An Ever-Changing Threat

The world has changed a great deal from how it used to be to how it is now. Concealing and carrying can still help prevent robberies and muggings. Having that firearm, while it does not guarantee safety, if an attacker did decide to target you, you can be ready to respond. This is one reason to carry, but there are more reasons as the world become more violent every day and threats continue to grow.

Whether we like it or not the U.S. is at war. We have been at war for a long time, but now that war has started to come to America. First, it was the horrific attacks on September 11th that killed almost 3000 people, but this war has been waged long before 9/11. Islamic extremists have hated everything about the U.S. since the U.S. became involved in the Middle East in the 1960’s.

This involvement has spurred a hatred that is unprecedented in modern times. It recently has created the “homegrown” terrorist or people who sympathize with these murderous individuals and want to hurt our way of life. Terrorist attacks while small in size compared to 9/11 are becoming more commonplace. With terrorist renting vehicles and driving them into busy intersection full of innocent bystanders or purchasing weapons and shooting innocent civilians. The threat is real, and deciding to carry a firearm may be the difference between life and death. It is better to make yourself hard to kill than to be an easy target for the taking.

That is only one kind of event that may occur, and there are many more active shooter situations that one must be prepared to respond with force if necessary. The church shooting in Sutherland Springs Texas earlier this year left over 20 people dead, and it would have been much worse if a neighbor with a gun wasn’t there to respond. There are also situations that I believe a firearm would make little difference. Had I been at the Jason Aldean concert in Las Vegas I would not have been carrying, not to mention the man was hundreds of yards away and would have rendered my pistol useless, but there are many other cases that show the importance of being a responsible citizen and carrying a firearm.

Being A Sheepdog

Lt Col Dave Grossman’s book, On Killing: The Psychological Cost of Learning to Kill in War and Societyplaced individuals in three categories. The first was the sheep; this is the unprepared individual, the person who would rather ignore the threat and act as if everything is OK. The second is the Wolf, and he preys on the sheep. This person does not have a moral compass and only wants to inflict harm on the innocent. The final individual is the sheepdog; this includes police, EMT, and the military. It also includes those who choose to conceal and carry a firearm. They look and act like the wolf, but they are there to protect the sheep from an attack. Carrying a firearm allows you to protect those who cannot protect themselves from evil.

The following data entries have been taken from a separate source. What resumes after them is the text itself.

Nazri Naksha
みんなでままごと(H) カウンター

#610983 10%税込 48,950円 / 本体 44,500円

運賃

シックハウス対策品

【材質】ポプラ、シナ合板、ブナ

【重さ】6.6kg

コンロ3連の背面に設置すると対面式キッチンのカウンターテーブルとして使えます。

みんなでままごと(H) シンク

The average police response time is 10 minutes. In that amount of time, a poorly trained shooter could unleash hundreds of rounds on innocent bystanders. I will not rely on the police to respond when I am more than capable of carrying and using a firearm. I make the conscious decision every day to tuck that firearm into my holster and go out the door. Those of us who carry never wish for the day to come, but we are prepared to stop an active shooter if necessary. While police and emergency services do their best, they will not always be in place to stop an active shooter. Waiting for them to respond will take time and will cost more lives than necessary. Being there trained and ready to act will only save more lives.

 

Training

This requires a responsible person to train and be prepared. Shooting at someone who is shooting back is different from taking the pistol to the range to punch paper. There is a great deal of practice that is involved in this style of training and going to the range regularly is a must. To better yourself, enrolling in a self-defense course that focuses on combat shooting can better prepare a person to respond to an active shooter situation. The responsible gun owner will be prepared, and the only way to prepare for a situation is to train. Many experts recommend that you should go to the range on a weekly to bi-weekly basis. Not only will this improve your shooting, but it will also make you more familiar with your firearm.

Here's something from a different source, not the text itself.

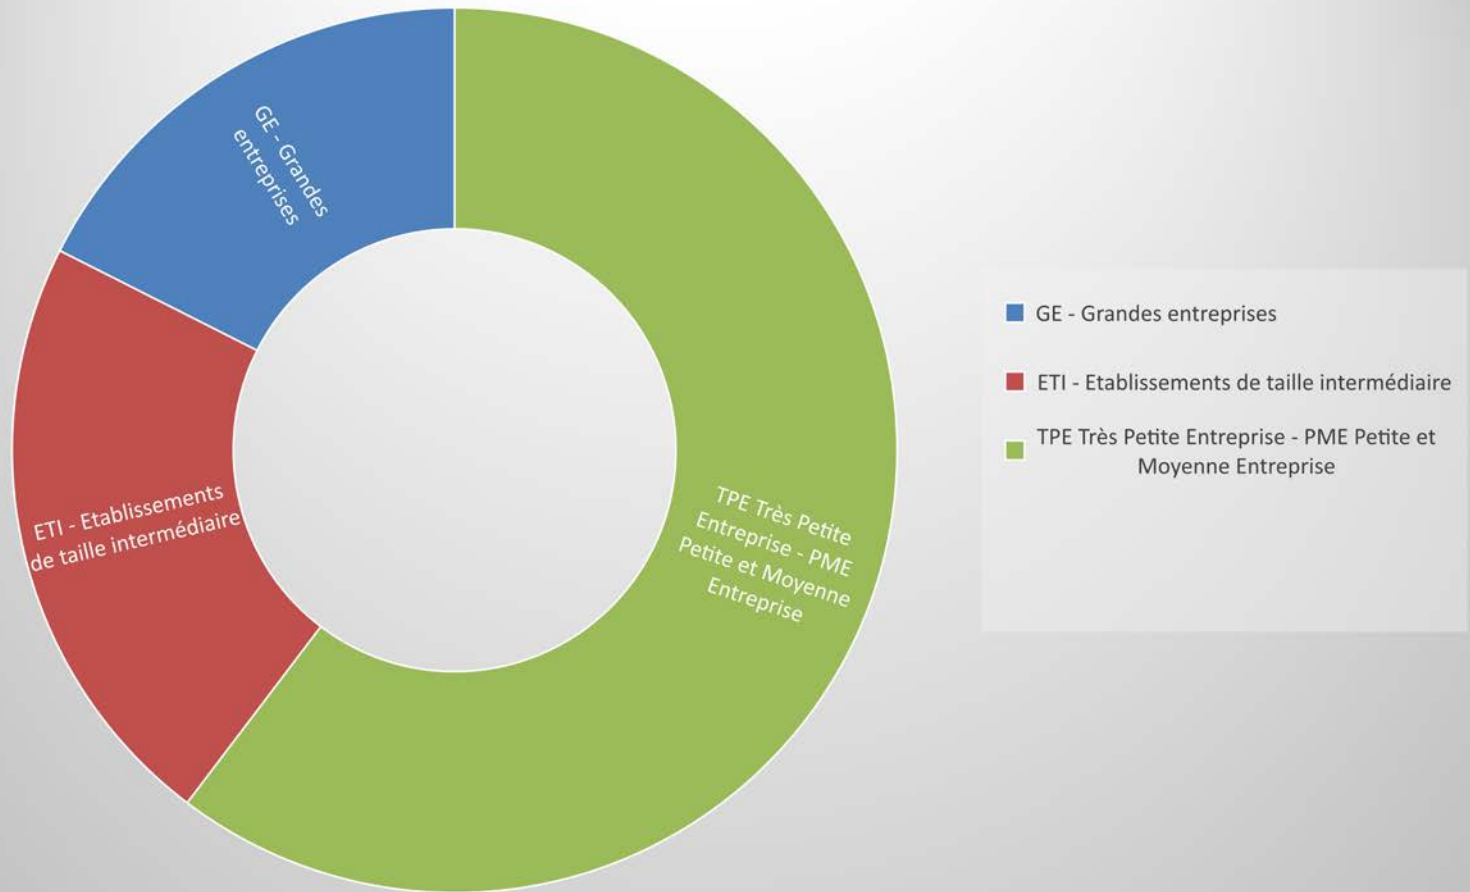

STAGES à L'UNIVERSITE GRENOBLE ALPES

Répartition des stages UGA par type d'établissement

If your range allows you practice pulling your pistol from your holster and making accurate rapid-fire shots on human size targets, then you should be doing this regularly. Make sure you check with the range master before the rapid-fire shooting drills or practicing drawing your pistol from a holster. The military often says that you need to train how you fight, and making your shooting experience mimic an active shooter threat will help you to react when the time comes. The more you train, the better you will become.

Mental Preparation

The choice to conceal should not be taken without a great deal of consideration. You are acknowledging that if something should happen, you will respond with violent force. If a situation does occur, you must be mentally ready to pull your firearm. Once you do pull your firearm your life will change forever, and it is not something that should be taken lightly. When you do decide to carry, you must understand the rules of lawful carry and apply for the proper permits.

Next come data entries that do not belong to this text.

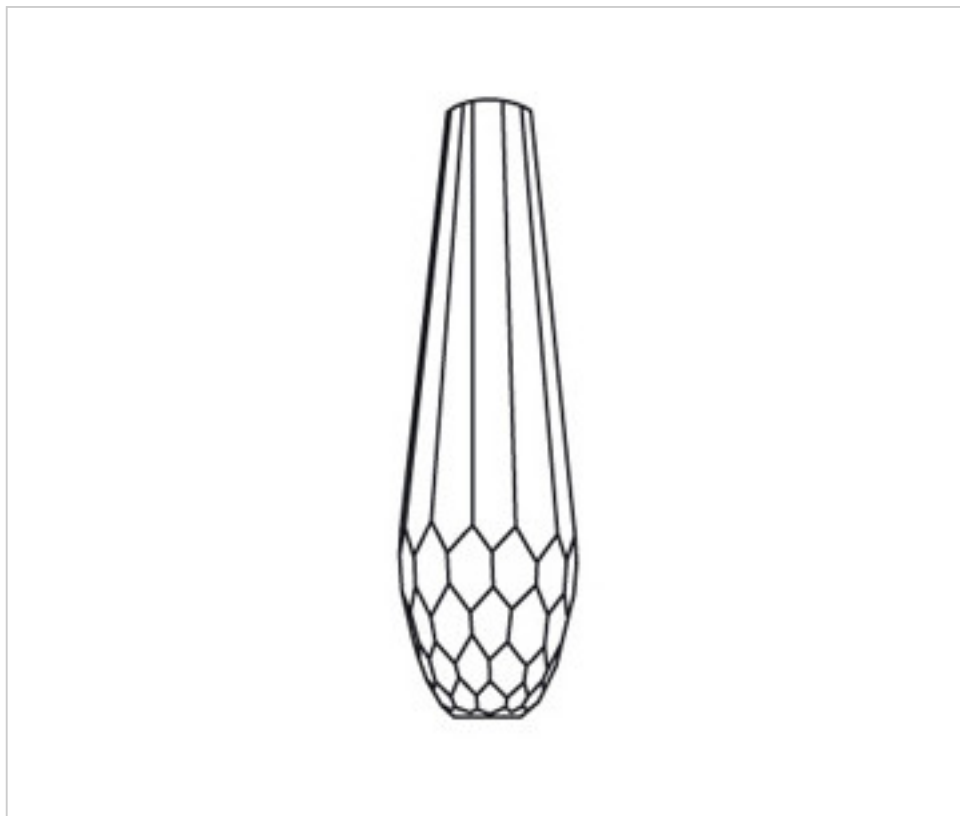

CRISTAL PARA LAMPARAS > Enfilajes Y Arandelas > Enfilajes y Arandelas de Cristal
Serie Kubic

G64200B

Enfilaje 52010 Azul

22 de julio de 2024, 05:23

PRECIOS

	Lote	Precio sin IVA
	1	64,70€
	10	58,83€
	20	57,11€

Continúa en la siguiente página >>

CRISTAL PARA LAMPARAS > Enfilajes Y Arandelas > Enfilajes y Arandelas de Cristal
Serie Kubic

G64200B

Enfilaje 52010 Azul

ESPECIFICACIONES TÉCNICAS

Peso: 1.68 Kilogramos

OTRAS CARACTERÍSTICAS

Ancho (mm): 70

Alto (mm): 250

Diámetro (mm): 70

Color: Azul

Taladro Central (mm): 12

DOCUMENTOS

 [Enfilaje 52010 Azul](#)

The Future of Concealed Carry

Once you make the decision to carry a firearm, you must look at the laws in your state and surrounding states. Some concealed carry permits do not carry over into other states, and you can still be held legally liable. So, before you travel, you must ensure that the state you are going to will honor your states concealed carry permit.

In the past few months, there have been moves in Congress to allow a national concealed carry reciprocity. Any state that offers a concealed carry license would be valid in all 50 states. This would allow you to carry a firearm across state lines and still feel the comfort and protection provided in your own state. While this bill still has a long way to go, President Donald Trump has previously said he would sign a bill into law if it was able to pass through the House of Representatives and the Senate.

Conclusion

As a law-abiding gun owner, I have made the conscious decision that I will carry a firearm. If I am going out or to any event, I will more than likely be armed. I hope that I will never have to use my gun, but I have prepared myself both mentally and physically to respond to a threat. I believe in our right to bear arms, and I see carrying a firearm as a civic duty to help stop possibly dangerous situations. I hope those of you who do carry are prepared to use the gun and those of you considering it are preparing both mentally and physically to carry a firearm lawfully.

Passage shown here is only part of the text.